The Proper Response to Prop 8?

When I first read about the Prop 8 decision over on Blag Hag I wasn't sure how I felt about it-reading the news articles that were listed gave the impression that the legal decision was very poorly reasoned-essentially that same sex marriage isn't *that* different from traditional marriage so it's ok. *rollseyes*

Then I discovered which not only had in-depth commentary on the decision, but also a link to the entire 100+ pages of the decision. Reading this (the analysis and some of the decision) was much more comforting. The legal decision clearly recognized that the pro Prop 8 side was arguing for a view of marriage as an institution "to promote naturally procreative sexual relationships and to channel them into stable, enduring unions for the sake of producing and raising the next generation" and that "the state’s interest in marriage is procreative".

In essence, the old catholic view that children are the reason for marriage and that by regulating marriage society and the state are issuing "parenting licenses" to ensure that children are taken care of and become good citizens. On the negative side, the ideas of "bastards" and "lving in sin" were society's way of discouraging freelance parenting.

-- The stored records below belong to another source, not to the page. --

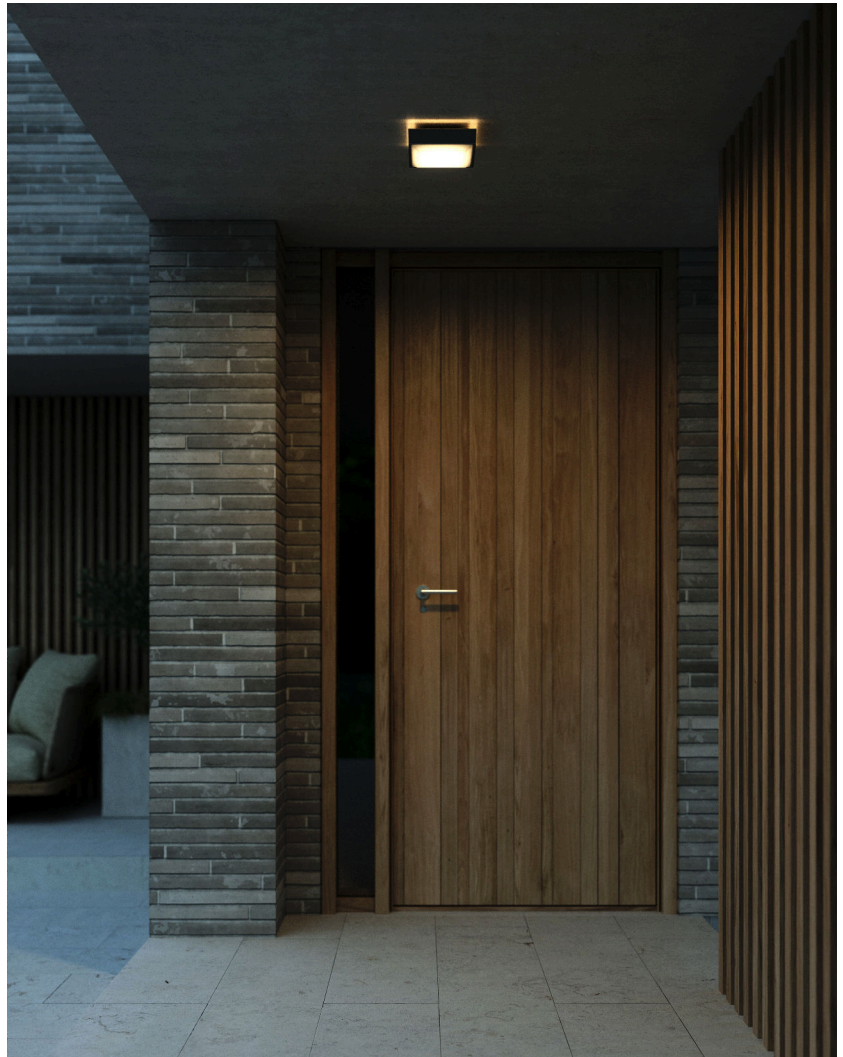

OLIVER | WALL LIGHT | BLACK

2218251003

nordlux®

Voltage (V): 220-240 Volt
 IP degree: IP54
 Class (Class 1, Class 2, Class 3):
 Class 1 (Earth contact)
 Bulb base: LED Module
 Parallel connection: False

Primary material: Plastic
 Color: Black

Height (cm): 17.5
 Width (cm): 17.5
 Length (cm): 17.5

EAN: 5704924010996
 TUN: 2276898
 Item Number: 2218251003

Pcs Per Master Carton: 3
 Sales Box Height (cm): 18.6
 Sales Box Width(cm): 17.9
 Sales Box Depth (cm): 7
 Sales Box Volume m³ : 0.0023
 Product net weight (kg): 0.3652

Brightness of light (Lumen): 600
 Color Temperature (K): 2700
 Ra-value : 80
 Lifetime (h): 30000
 Energy Class: E

- Versatile wall light • Replaceable covers change the look (two included) • Backlight effect
- High lumen output • Entry for cables outside on wall • 5 year LED guarantee

Nordlux
 2218251003

A
 B
 C
 D
 E
 F
 G

E

9
 kWh/1000h

 2019/2015

The square Oliver wall light emits a beautiful and diffused light that can be customised with the two included covers to create your own design expression. Oliver is suitable for both wall and ceiling and has a beautiful backlight effect when turned on. Provides a practical light for your outdoor areas.
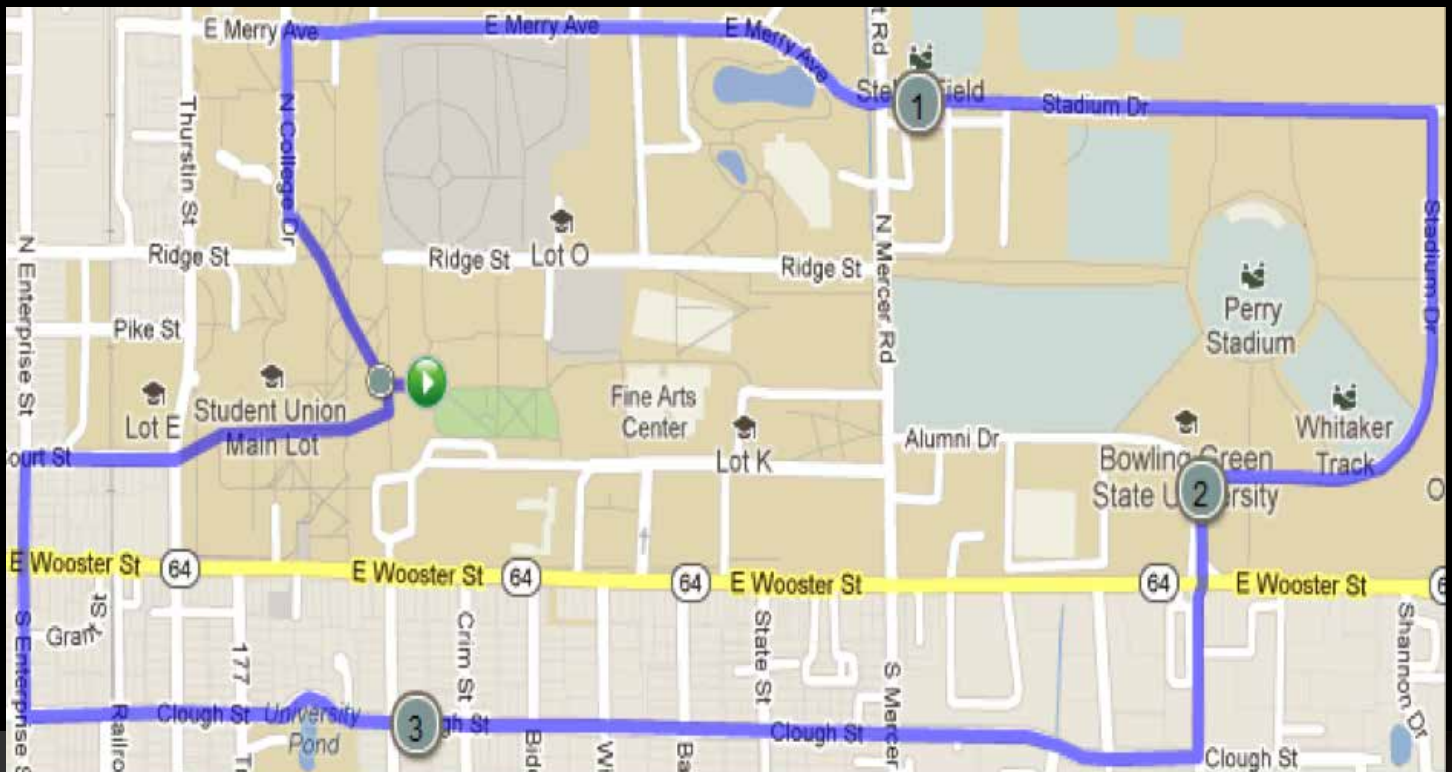

4-MILE ROUTE

1. Start in front of the Education Building.
2. Take the northwest diagonal path through the Union Oval.
3. Turn right (north) on N. College Dr
4. Turn right (east) on E. Merry Ave.
5. Cross N. Mercer to go onto Stadium Dr.
6. Turn right (south) on Stadium Dr at the hill.
7. Follow Stadium Drive around the track to Wooster.
8. Cross Wooster onto Campbell Hill Rd.
9. Turn right (west) on Clough St.
10. Turn right (north) on S. Enterprise St.
11. Cross Wooster and take a right (east) on Court St.
12. Cross Thurstin and go around the Administration Building.
13. Take the path past Williams and University Hall to the front of the Education building.
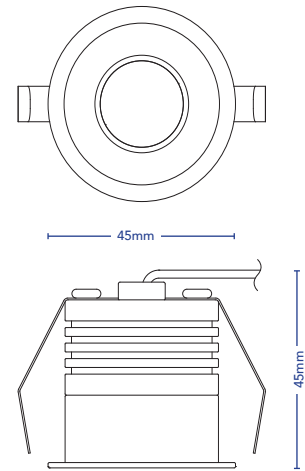

TOVO

TOVO LIGHTING
726 PITTWATER ROAD, BROOKVALE
SYDNEY, NSW AUSTRALIA 2100
TELEPHONE +61 2 9939 1122
SALES@TOVOLIGHTING.COM.AU
TOVOLIGHTING.COM.AU

DOWNLIGHT - MINI SPOT

DESCRIPTION Mini Fixed Downlight

CODES { 4962 - 24V_DC
4864 - 240V_AC

COLOUR White, Black, Chrome, Brass.

COLOUR TEMPERATURE 2700K

CRI ≥ 92

LUMENS 181Lm

INPUT VOLTAGE 220-250V_AC or 24V_DC

WATTAGE 3W

BEAM ANGLE 60°, 45°

DIMMABLE Yes { 240V AC - Phase
24V DC - 0-10V, Push Dim, DALI

DRIVER { 240V AC - Dedicated Remote
24V DC - Remote

IP RATING IP54

CUT OUT 40mm

Reliable contraception decoupled having sex from having children, and in doing so decoupled marriage from having children. Couples could have children or not, and marriage became more about their commitment to each other.

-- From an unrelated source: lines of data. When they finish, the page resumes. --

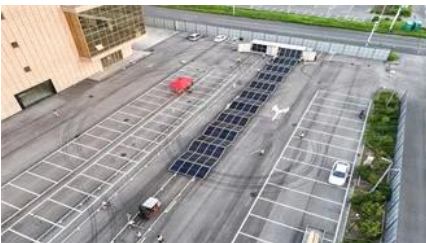

How Much Do Solar Panels Weigh? 1.30 - 2,608.7 lbs Chart

All individual solar panels weigh less than 100 lbs. However, solar systems with 8kW rated capacity and above add more than 1,000 lbs to your roof. Not to worry, however.

Residential PV-SKYWORTH

Skyworth delivers high-efficiency solar panels, robust mounting systems, and trusted PV inverters-backed by local Skyworth EPC teams for smooth installation and reliable, long-term solar

Generally, standard residential photovoltaic panels weigh between 40 and 50 pounds (about 18 to 22 kilograms). This weight makes them manageable, but still requires careful lifting

Skyworth photovoltaic panel models and dimensions

Founded in 1988, Skyworth PV Tech is one of the most professional double glass panel manufacturers and suppliers in China. Please rest assured to buy or wholesale high quality

Skyworth PV , SE 4.6/5/6KHB-60/120

Detailed profile including pictures, certification details and manufacturer PDF.

The Ultimate Guide to Solar Panel

The ruling recognizes this fundamental shift in society and clearly states that marriage descrimination on the basis of gender doesn't work any more-since marriage isn't about having babies, it doesn't have to be restricted to couples who (normally in times past) could have babies. It is now available to all in committed relationships. Or as the judge put it:
"The evidence shows that the tradition of restricting an individual’s choice of spouse based on gender does not rationally further a state interest despite its “ancient lineage.” Instead,the evidence shows that the tradition of gender restrictions arose when spouses were legally required to adhere to specific gender roles. See FF 26-27. California has eliminated all legally mandated gender roles except the requirement that a marriage consist of one man and one woman. FF 32. Proposition 8 thus enshrines in the California Constitution a gender restriction that the evidence shows to be nothing more than an artifact of a foregone notion that men and women fulfill different roles in civic life."

This is the message that people need to hear about the decision, that society had changed and that institutions must now change with it.

At one time schooling meant segregation, until the courts ruled it meant integration.

At one time voting meant men only, until the vote was obtained for women.

At one time marriage meant a man and woman coming together to raise children, now it means something else.

While everyone else ceebrates, I still have two thoughts on my mind:
  1. Why still sex? Since the key reason for marriage is no longer to have children, why is sex still the defining characteristic? Lack of consummation is still grounds for annulment in many jurisdictions. Why should it be? Since the anti-Prop 8 side said it is about love and commitment, why can't people who love each other, but don't have a sexual relationship marry? Why should sex, gay or straight, be the ticket to public recognition? Why can't they have the same legal benefits and recognition of their committment to each other?
  2. Why still two? As the ruling above notes, the gender difference is no longer valid, given the new understanding of marriage, so why should the number of partners remain? Folks wishing to live in some sort of loving and committed plural relationship should be able to do so with public recognition.Arguments to the contrary are based on the same appeals to antiquity and fear and those of the pro-Prop 8 side.
For those of you who have fought for the repeal of Prop 8, enjoy your victory. Then get the word out about the key points of the decision-in the mean time, I'll be here, pondering my two questions and hoping change comes full circle.